Samsung Electronics unveiled its next-generation GDDR DRAM, claiming the 24GB chip provides operating speeds of 40Gb/s, an improvement of 25 per cent over its 16GB version.

Using a 10nm production process, the company boosted cell density by 50 per cent with the same package size over its previous chip released in 2023.

Samsung explained it improved power efficiency by more than 30 per cent by applying technologies previously used in mobile products. It used a power-gating design method to improve operational stability, which minimises current leakage during high-speed operations.

Following validation of the GDDR7 DRAM in next-generation AI computing systems for GPU customers this year, Samsung plans for the chip to be made commercially available in 2025.

Last week, Samsung’s head of the memory business Jun Young-hyun issued an apology for delays in shipping new memory chips to support AI applications.

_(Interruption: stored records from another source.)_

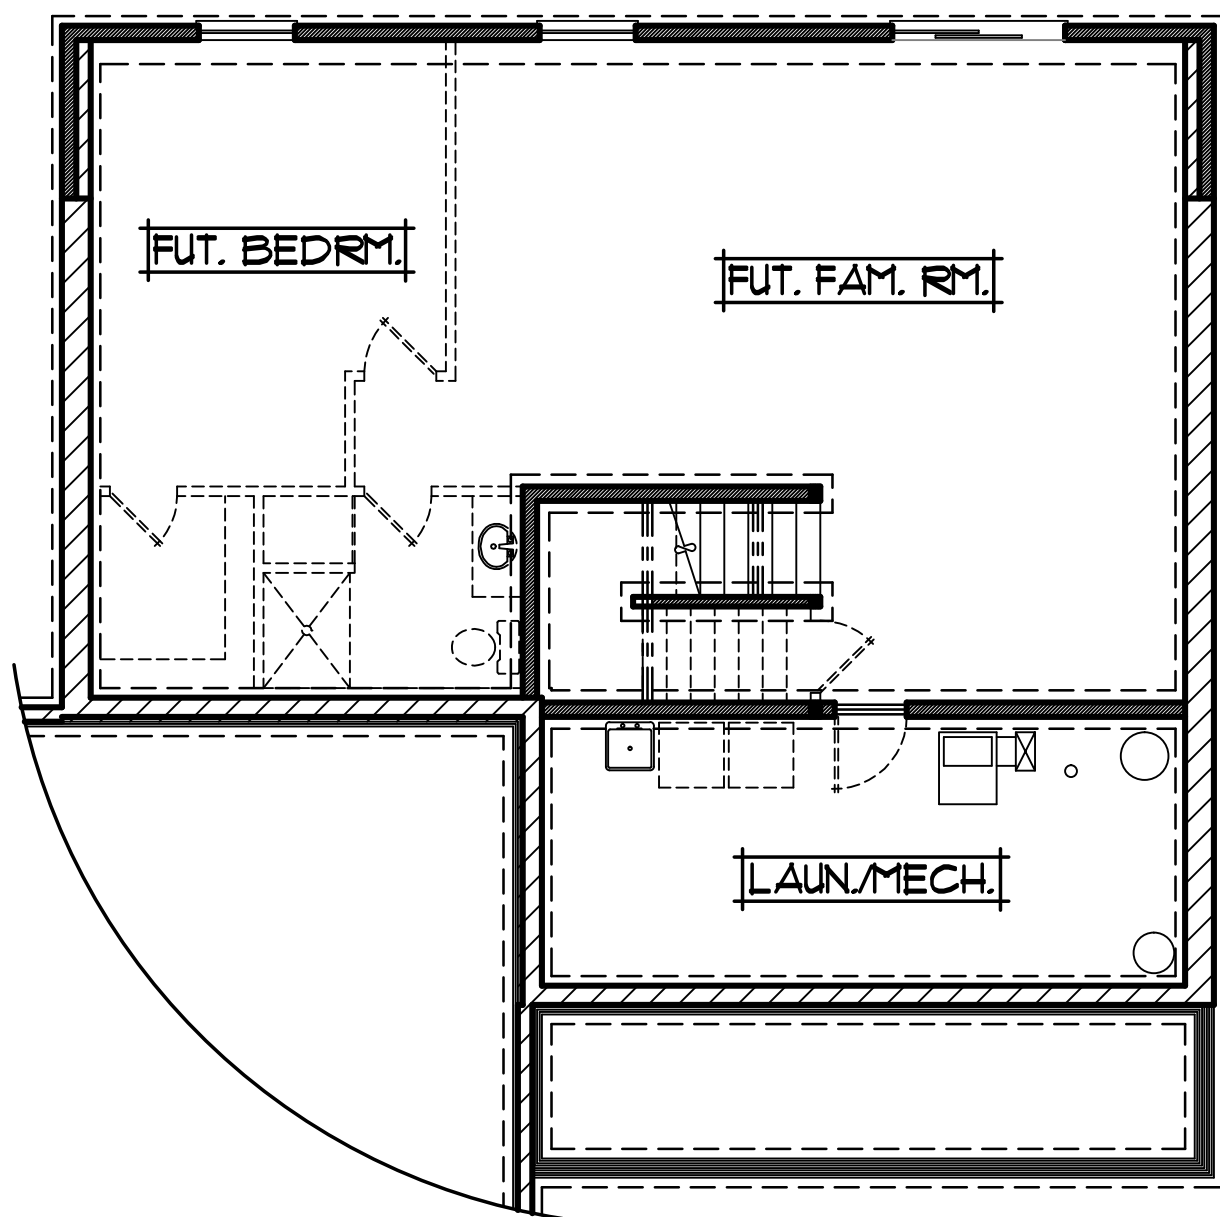

THE:
ROSEWOOD MODEL

LOWER LEVEL
UNFINISHED

MAIN LEVEL
1200 SQFT.

PROFESSIONALLY BUILT BY:

RCA BUILDERS
INCORPORATED

• 3rd Generation Minnesota Home Builder since 1989 •

Ph: (763)323-6250 • www.rcabuilders.net
MN Builder License #BC008327

roger.anderson@results.net

1200 SQ.FT. RAMBLER

- | | |
|------------------------|---------------------------|
| • 2 BEDROOMS | • WIDTH: 44'-0" |
| • 1 1/2 BATHS | • DEPTH: 48'-0" |
| • 2 CAR GARAGE | |
| • UNFINISHED BASEMENT | |
| • 15'4x13'0 GREAT ROOM | • 11'10x13'4 MASTER SUITE |
| • 13'4x9'0 DINING | • 11'2x9'10 BEDROOM #2 |
| • 12'0x11'0 KITCHEN | |
| • 20'4x24'0 GARAGE | |
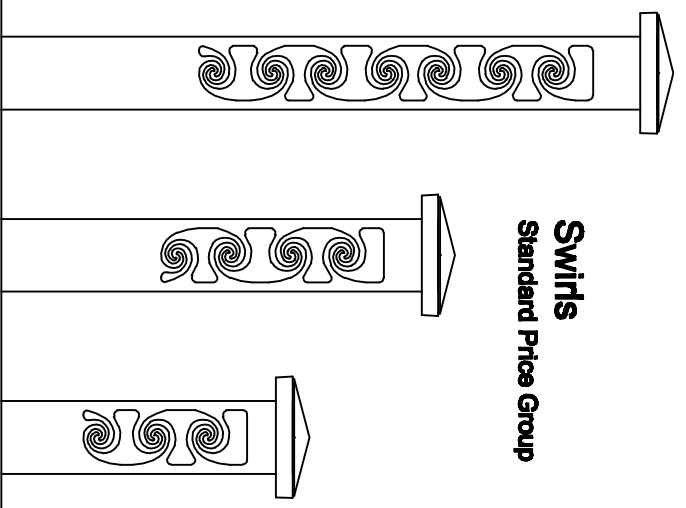

Swirls Standard Price Group
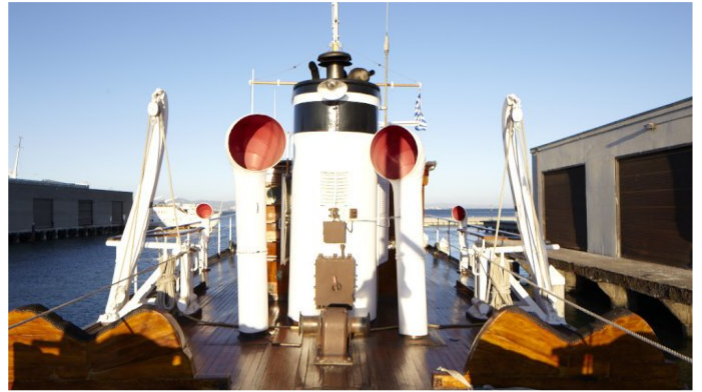

MORE PHOTOS, VIDEO OR INTERACTIVE DECK PLANS:

[CLICK HERE](#)
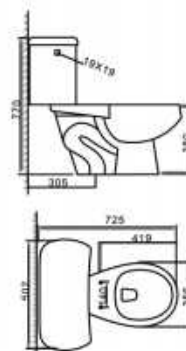

FHC15E+T17

Size: 720×408×765mm
S-trap: 305mm
6L flush Water-saving toilet

FHC16E+T16

Size: 725×408×805mm
S-trap: 305mm
4/6L dual-flush Water-saving toilet

FHC58+T56

Size: 710×472×800mm
S-trap: 305mm
4.8L flush Water-saving toilet

FHC28+T28

Size: 765×440×845mm
S-trap: 305mm
4.8L flush Water-saving toilet

FHC4865+T4440

FHC4868+T4450

FHC3301+T3300

FHC3302+T3300

FHC3303+T3300

FHC3700+T3700

FHC5560+T5560

FHC5570+T5560

FHC5575+T5560

FHC5655

FHC5665

FH2043S+T2043

柱盆 Pedestal Sink for Bathroom

FH3[#]+A3[#]
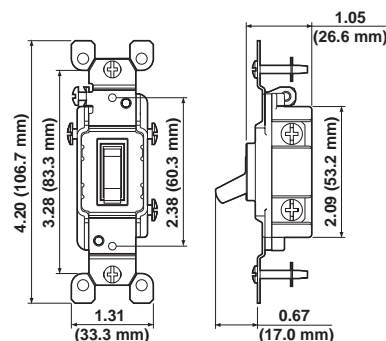

Note: CO/ALR devices are for connection to 12 or 10 AWG aluminum conductors. All devices are UL Listed and CSA Certified.

SPECIFICATIONS & FEATURES

- Faster installation with combination of side wiring and Quickwire push-in wiring
- Quickwire accepts conductors up to #12 AWG; #14 AWG in Canada
- Side wire accepts conductors up to #12 AWG
- Large head triple-drive combination screws (Standard, Phillips, Robertson) for fast wiring installation
- Impact-resistant, durable thermoplastic toggle and frame
- See section T for more technical information

HORSEPOWER

15A
1/2 @ 120V
2 @ 240V

MATERIAL CHARACTERISTICS

Environmental: Flammability, Rated V2
Operating Temperature: -40°C to 65°C.

QUICKWIRE PUSH-IN & SIDE WIRED
Cat. Nos. 1451-2

3-WAY QUICKWIRE PUSH-IN & SIDE WIRED
Cat. No. 1452-2
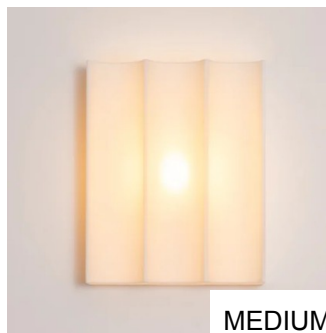

W 200mm x H 250mm x D 70mm
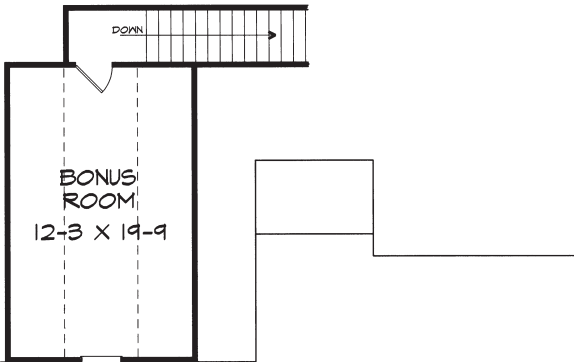

# Stovall-B 1418 Sq. Ft.

WIDTH: 43-0  
DEPTH: 50-0

**\*Bonus Room adds 264 Sq. Ft.**

STOVALL BONUS ROOM PLAN

DK DESIGNS, INC.

info@dkplans.com  
(770) 460-9495

FLOOR PLAN
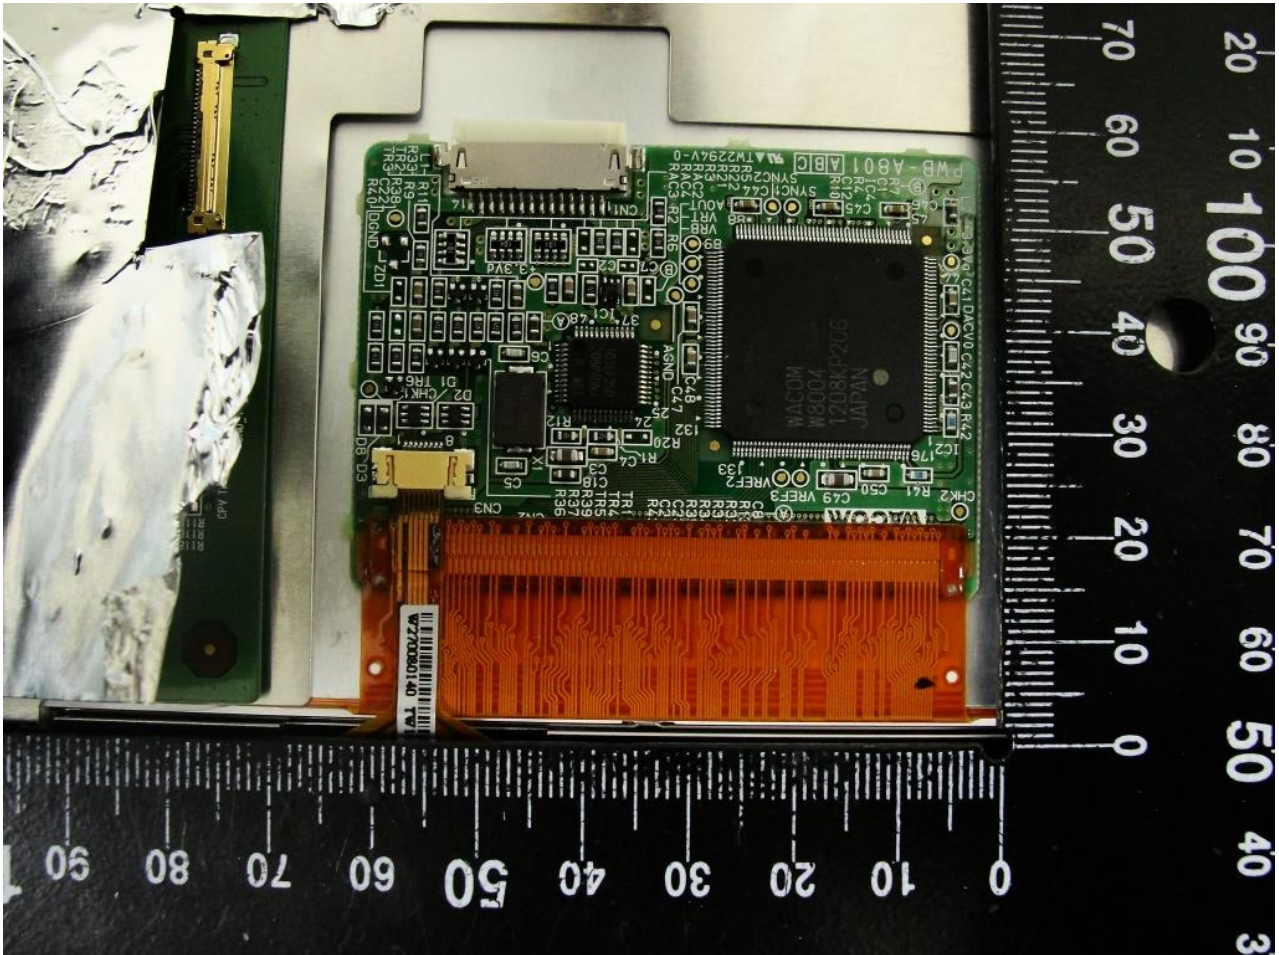

Host: Rugged Tablet PC (Brand Name: Xplore Technologies / Model Name: iX104C5)

Host: Rugged Tablet PC (Brand Name: Xplore Technologies / Model Name: iX104C5)

Host: Rugged Tablet PC (Brand Name: Xplore Technologies / Model Name: iX104C5)

Rival SK Hynix previously detailed work on a GDDR7 DRAM with an operating speed of 32Gb/s.

Analyst company TrendForce describes GDDR7 as the latest technology in the GDDR family, primarily used to enhance the available bandwidth and memory capacity of GPUs.

It noted the next-generation DRAM is expected to drive the memory market steadily forward in the AI era.

The research outfit added GDDR7 is mainly used in “graphics processing, gaming, computing, networking and AI”, where the “high bandwidth and high-speed data transmission capabilities can significantly improve frame smoothness and loading speed”.